A talented scientist and a private individual, Resnik gave her deepest loyalties to her father, her career, and her close friends. Although she avoided publicity whenever possible, she was fun-loving and spirited; her romantic crush on actor Tom Selleck was often a source of good-natured teasing among her coworkers.
Born Judith Arlene Resnik on April 5, 1949, in Akron, Ohio, to first-generation Jewish Russian parents, Judith was a bright, curious child who, by kindergarten, could both read and solve simple math problems. Her father, Marvin, was an optometrist and a part-time cantor when he married Sarah Polensky, a former legal secretary from Cleveland Heights. After Judith was born, the Resniks had a son, Charles.
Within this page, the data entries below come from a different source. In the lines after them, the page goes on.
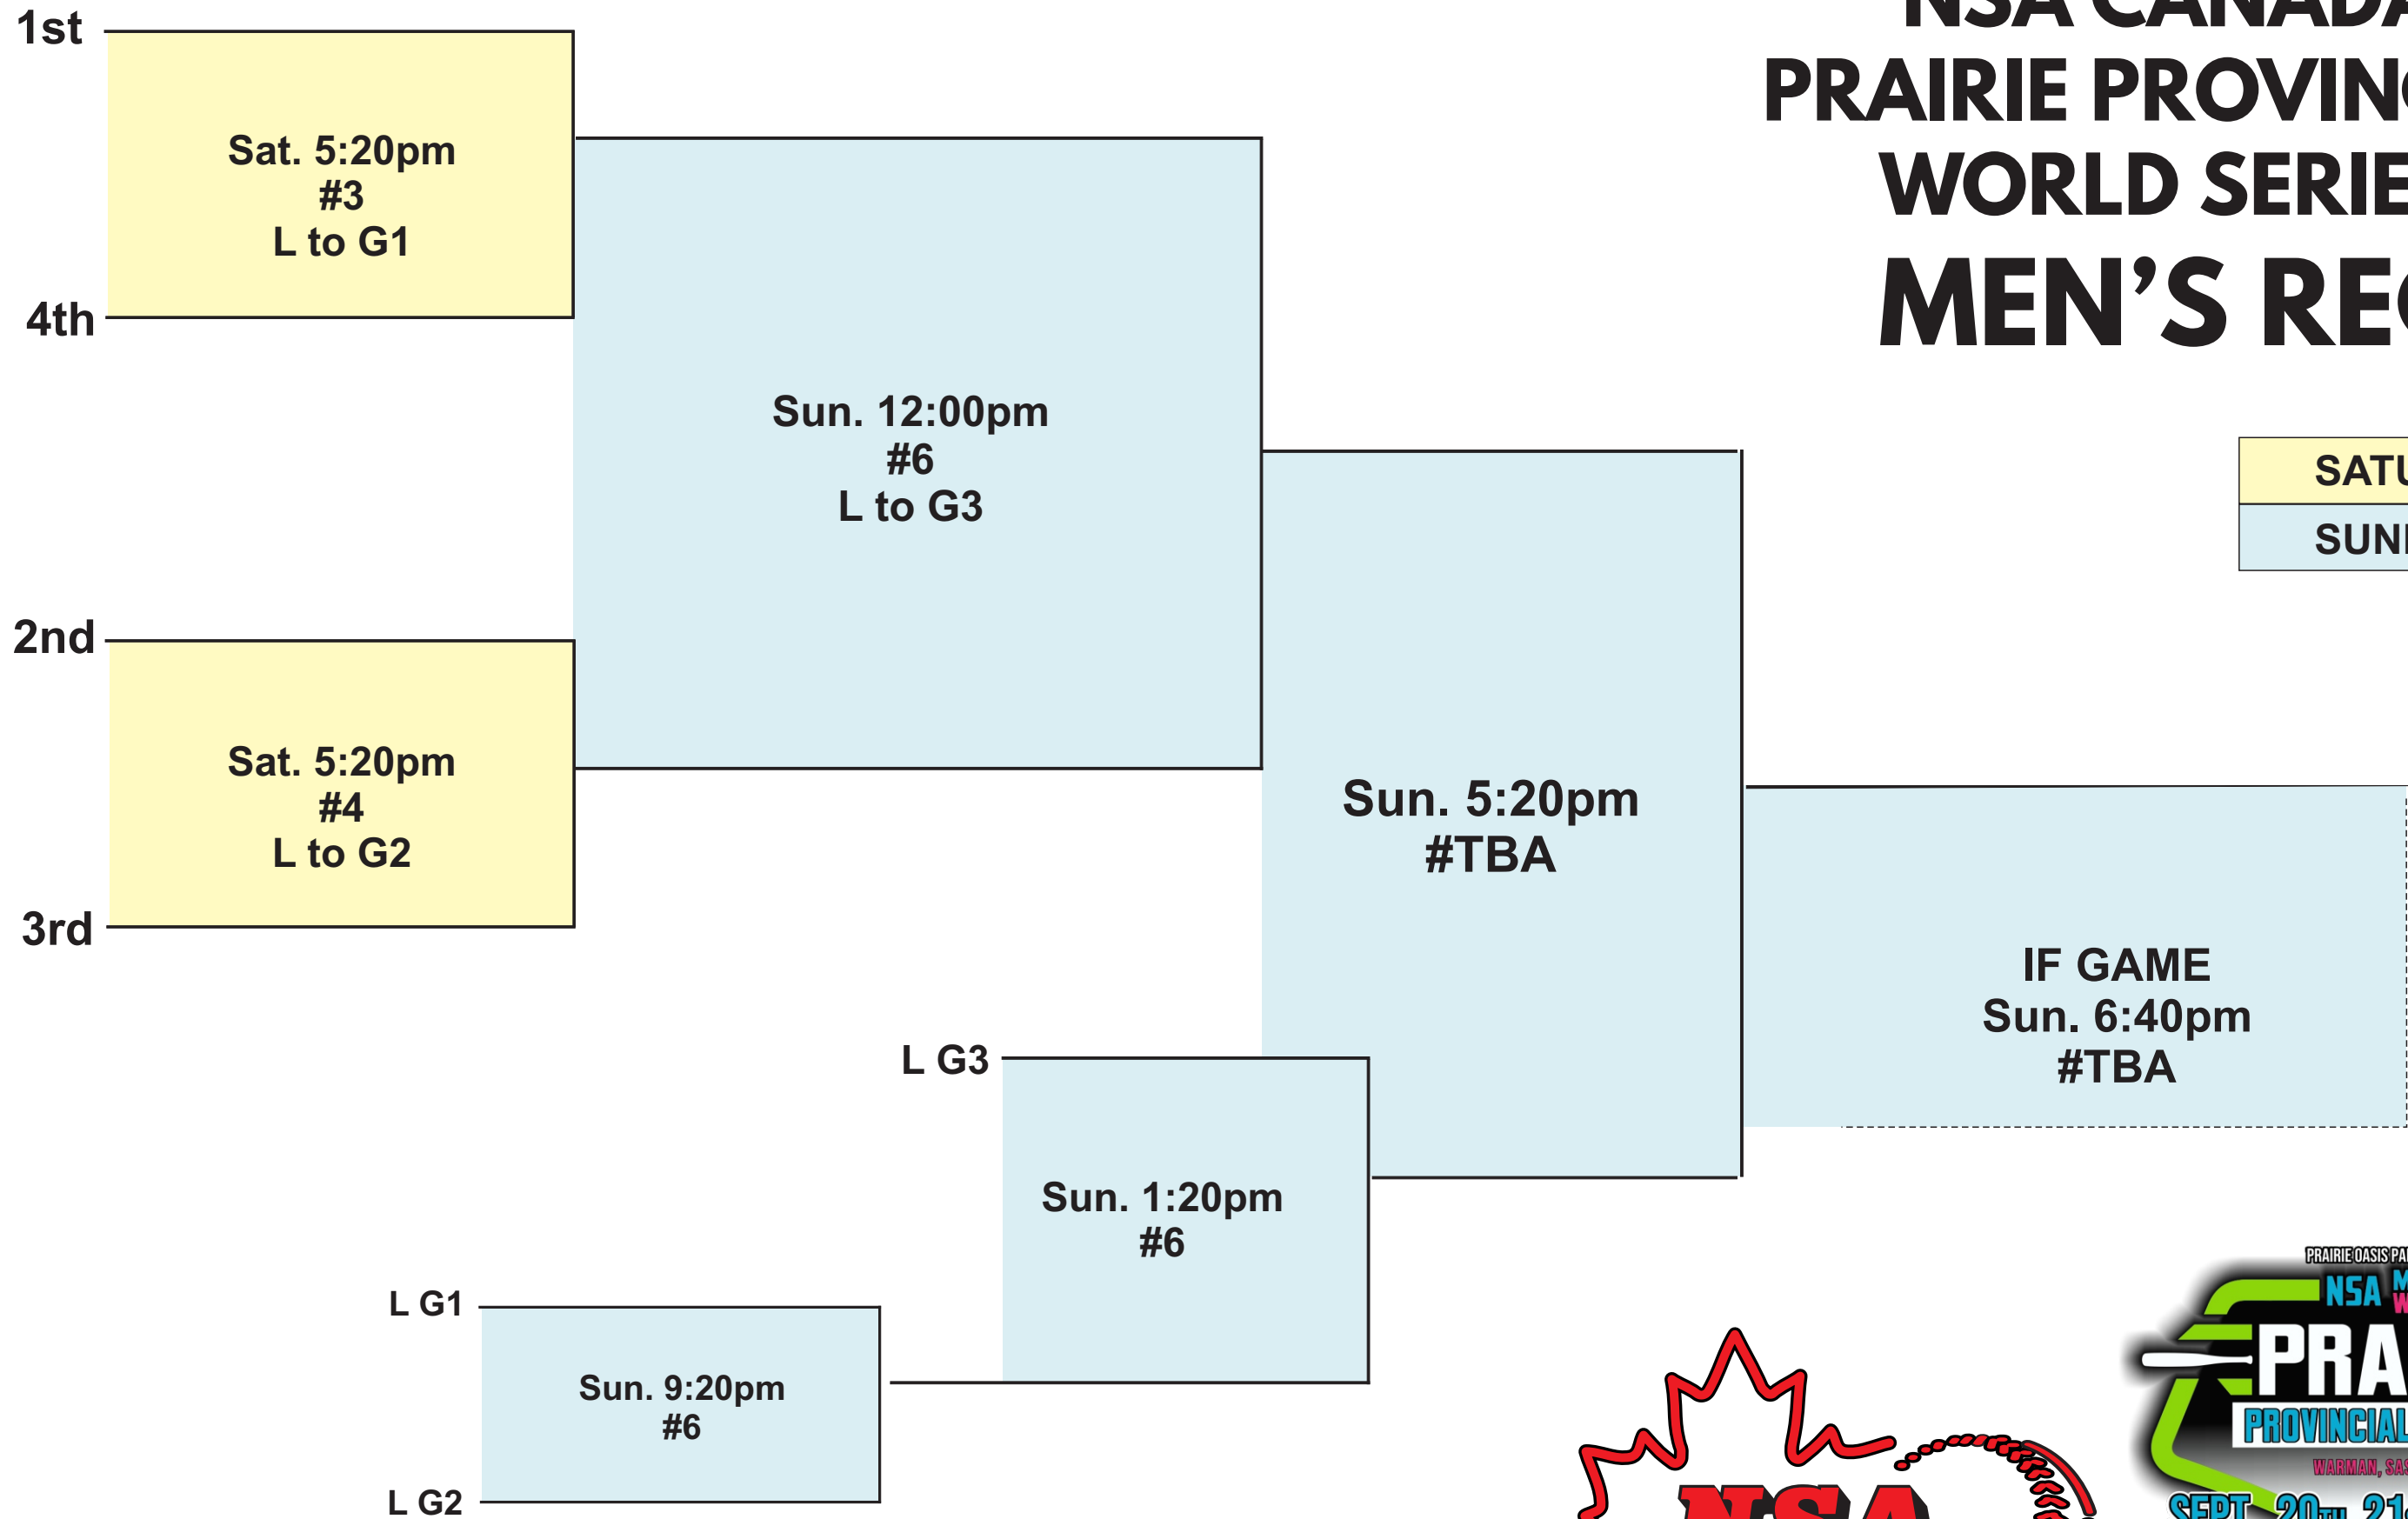

NSA CANADA PRAIRIE PROVINCIAL WORLD SERIES MEN'S REC

SATURDAY
SUNDAY

MENS REC

1st _____

2nd _____

3rd _____

4th _____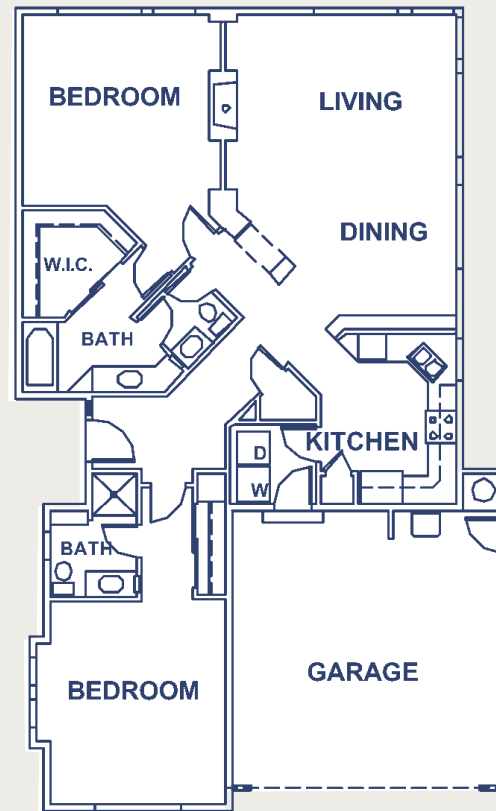

MAIN FLOOR PLAN

05/01/08

© 2004 All rights reserved. Builder reserves the right to make changes. Plans and specifications are subject to change.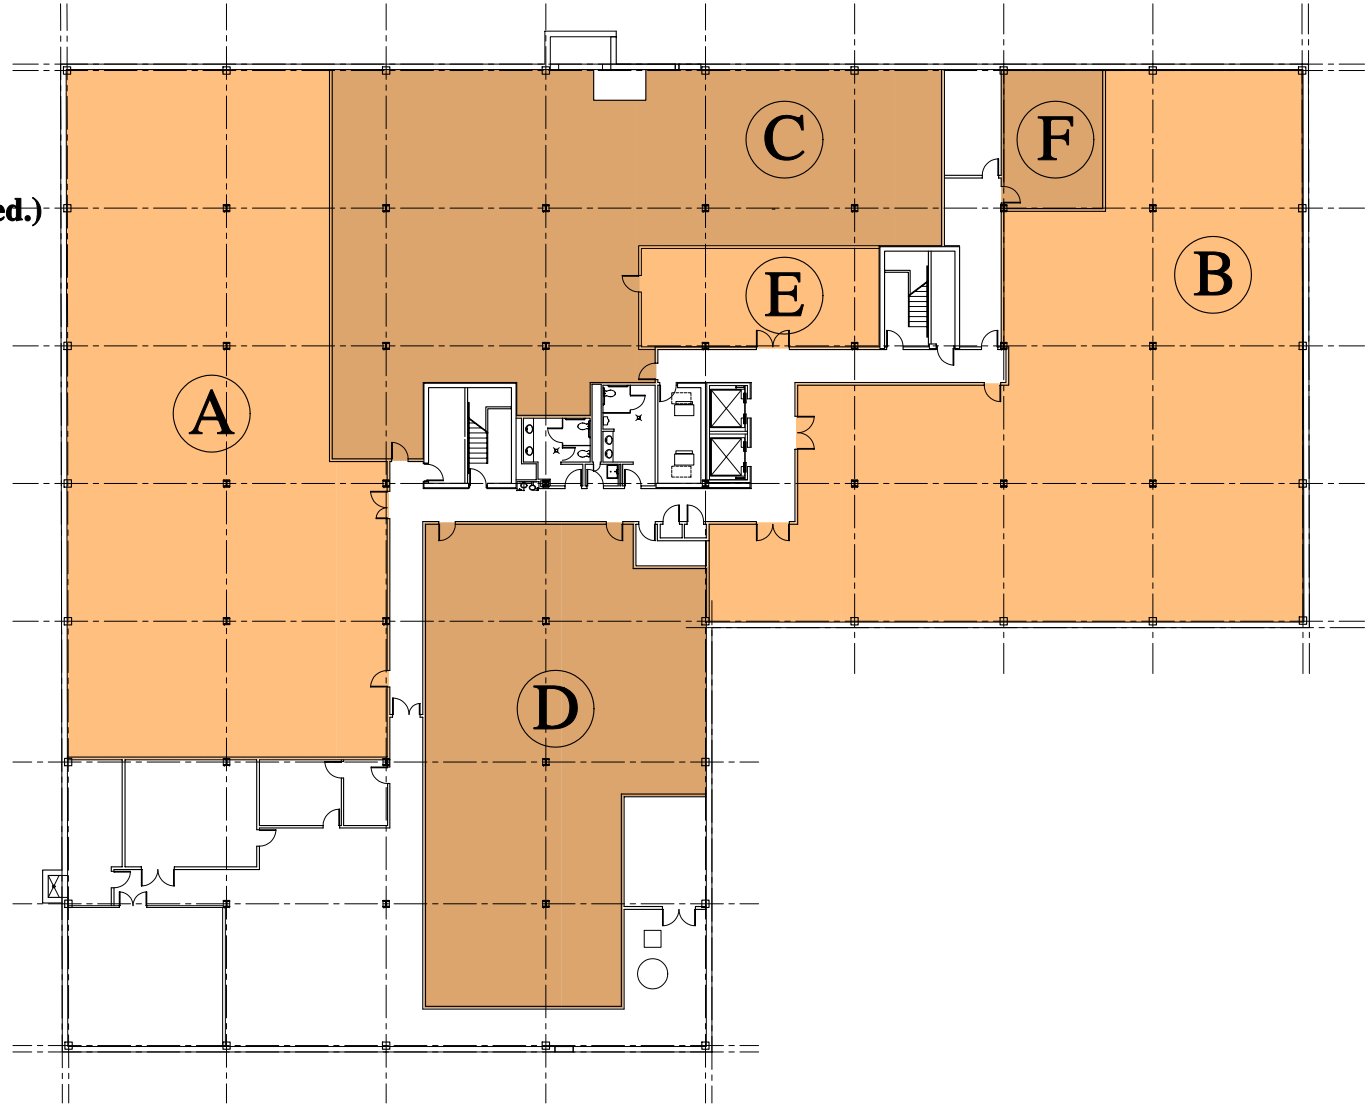

# 1001 Franklin Avenue GARDEN CITY, NEW YORK

## Lower Level Leasing Plan

(Spaces may be combined or modified as required.)

Suites	Available	Available	Leased	Leased	Leased	Leased	Available	
Approximate Rentable Sq. Ft.	(A)	(B)	(C)	(D)	(E)	(F)	Total	10/12/06
	8,261	8,711					16,972	4:00pm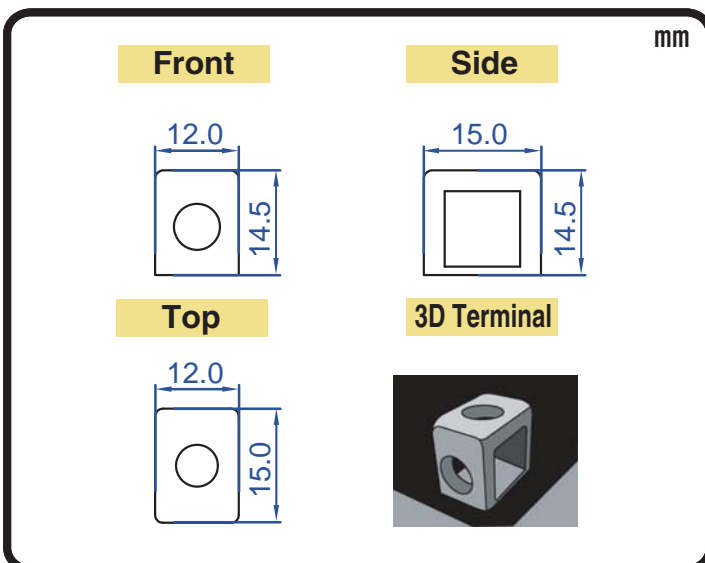

Terminal Configuration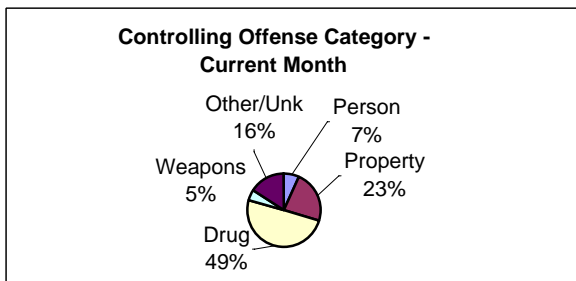

Flash Incarceration

Total* 150
Percent of Individuals with Flash

Revocations Total
 With NLV Arrests 50
 Tech Only 21
Total* 71

Percent of Individuals with Revocations

Warrants

| | <u>Never Reported</u> | <u>Reported</u> | <u>Total</u> |
|---------------|-----------------------|-----------------|--------------|
| ICE | 16 | 0 | 16 |
| PCS Warrant | 7 | 81 | 88 |
| Total* | 23 | 81 | 104 |

Individuals with Active Warrants as of 8/31/2012

Average Age 39.87

Cumulative (from October 1, 2011)

2129

1011

32.0%

Total
 363
 97
 460

18.7%

The Resniks were an upper middle-class Jewish family devoted to their religion and to all learning. Gifted in math and science, Resnik excelled in academics from a young age. She also attended Hebrew school and, by her teenage years, was an accomplished classical pianist. Teachers and friends described her as extremely bright, disciplined, perfectionistic, and personable.
With a score of 800 on her math SAT tests, Resnik was accepted to Carnegie Tech (now Carnegie-Mellon) in Pittsburgh, where she majored in electrical engineering. After graduating in 1970, she married Michael Oldak, a fellow engineering student. The couple moved to New Jersey, where Resnik was employed in the missile and surface radar division of RCA. In 1971, they moved to Washington, D.C. Resnik received her master’s degree in engineering from the University of Maryland, and began work on her Ph.D. while employed as a biomedical engineer in the neurophysics lab at the National Institutes of Health. She and Oldak divorced in 1975.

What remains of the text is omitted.